* [Records]
------------------------------

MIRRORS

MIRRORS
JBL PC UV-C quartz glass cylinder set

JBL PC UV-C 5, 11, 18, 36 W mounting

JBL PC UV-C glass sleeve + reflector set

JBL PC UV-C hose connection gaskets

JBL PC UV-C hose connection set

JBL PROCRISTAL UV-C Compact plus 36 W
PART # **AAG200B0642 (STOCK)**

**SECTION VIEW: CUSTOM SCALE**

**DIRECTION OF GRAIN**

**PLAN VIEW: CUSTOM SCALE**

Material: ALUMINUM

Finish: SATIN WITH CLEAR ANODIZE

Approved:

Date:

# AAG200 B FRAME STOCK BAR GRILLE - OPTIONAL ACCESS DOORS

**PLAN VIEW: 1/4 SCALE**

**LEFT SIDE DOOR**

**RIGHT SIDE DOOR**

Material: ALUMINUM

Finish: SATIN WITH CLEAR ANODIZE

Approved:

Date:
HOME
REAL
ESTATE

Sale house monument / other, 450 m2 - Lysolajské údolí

------------------------------

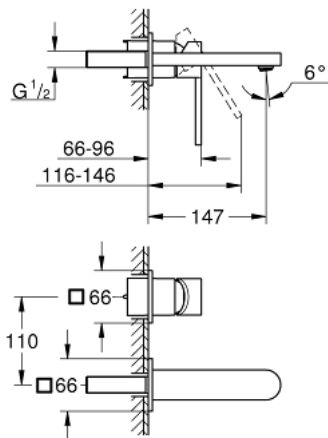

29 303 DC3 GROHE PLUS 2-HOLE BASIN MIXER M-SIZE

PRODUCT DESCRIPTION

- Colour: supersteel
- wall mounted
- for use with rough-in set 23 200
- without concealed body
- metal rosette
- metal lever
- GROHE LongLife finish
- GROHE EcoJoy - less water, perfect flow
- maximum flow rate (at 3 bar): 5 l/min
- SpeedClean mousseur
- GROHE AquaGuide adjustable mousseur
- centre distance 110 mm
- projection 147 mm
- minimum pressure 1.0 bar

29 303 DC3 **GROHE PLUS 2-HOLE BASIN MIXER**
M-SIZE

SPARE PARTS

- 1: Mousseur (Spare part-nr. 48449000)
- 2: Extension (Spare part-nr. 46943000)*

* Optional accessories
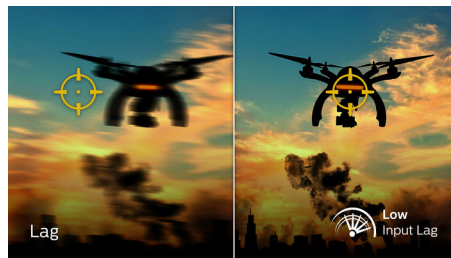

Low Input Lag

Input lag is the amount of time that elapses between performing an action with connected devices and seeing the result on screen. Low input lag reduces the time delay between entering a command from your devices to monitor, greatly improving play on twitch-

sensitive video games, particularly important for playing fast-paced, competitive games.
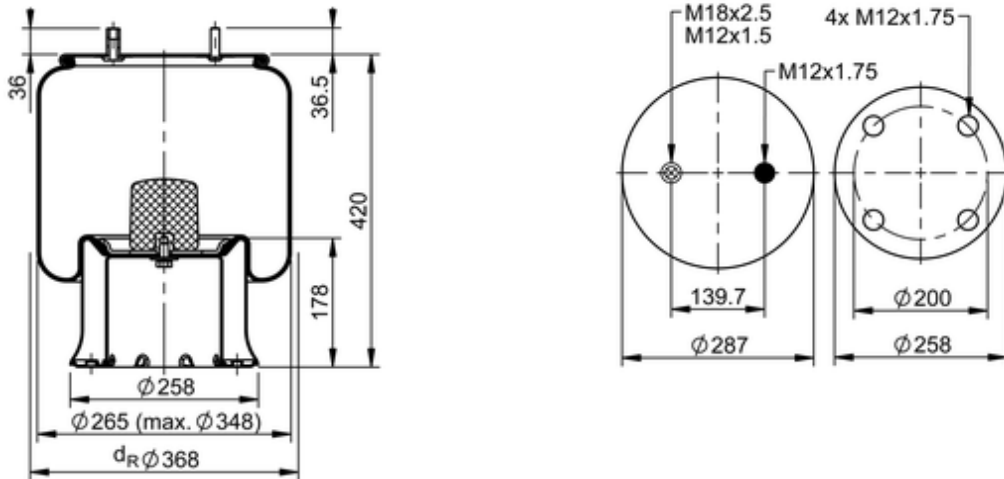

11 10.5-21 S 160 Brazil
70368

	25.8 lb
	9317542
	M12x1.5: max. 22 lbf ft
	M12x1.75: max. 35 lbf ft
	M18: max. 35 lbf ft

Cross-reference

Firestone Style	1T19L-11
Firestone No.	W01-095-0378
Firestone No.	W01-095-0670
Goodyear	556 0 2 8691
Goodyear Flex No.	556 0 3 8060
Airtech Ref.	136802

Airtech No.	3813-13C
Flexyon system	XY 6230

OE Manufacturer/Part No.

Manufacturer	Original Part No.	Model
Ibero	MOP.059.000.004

------------------------------

* [Task goal]
Make a copy of each line in the records above that has the word "SCALE".

* [Result of the exercise]
**SECTION VIEW: CUSTOM SCALE**
**PLAN VIEW: CUSTOM SCALE**
**PLAN VIEW: 1/4 SCALE**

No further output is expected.